Exercise => Pull out each line of the data that includes the word "damixa".

========

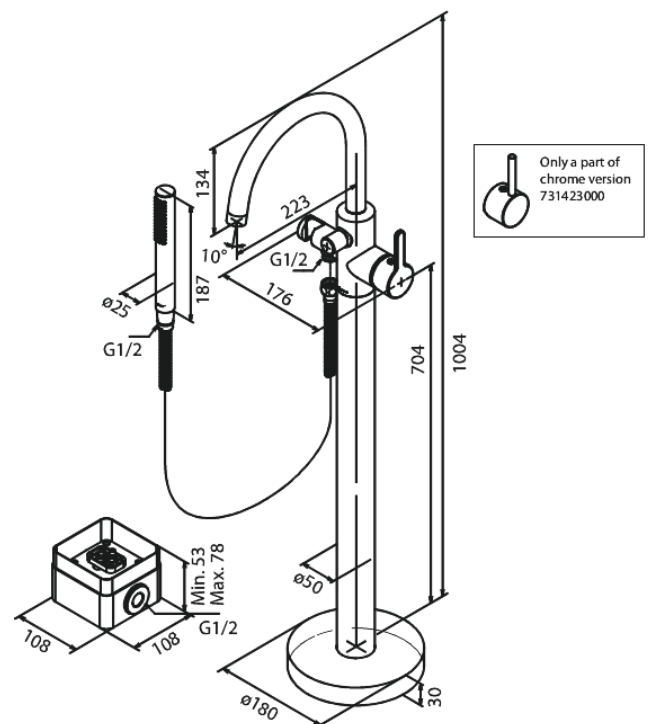

Funktionen

FM Mattsson Germany GmbH
Biedenkamp 3c, DE-21509 Glinde bei Hamburg

+31 854 018 788 info@damixa.de

Weitere Information auf <https://damixa.de>

damixa
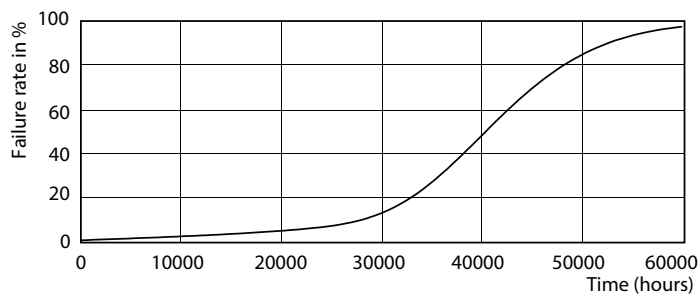

Vida útil

MASTER LEDspot ExpertColor MV 35W GU10 25D

========

Completed exercise =>
+31 854 018 788 info@damixa.de
Weitere Information auf <https://damixa.de>
damixa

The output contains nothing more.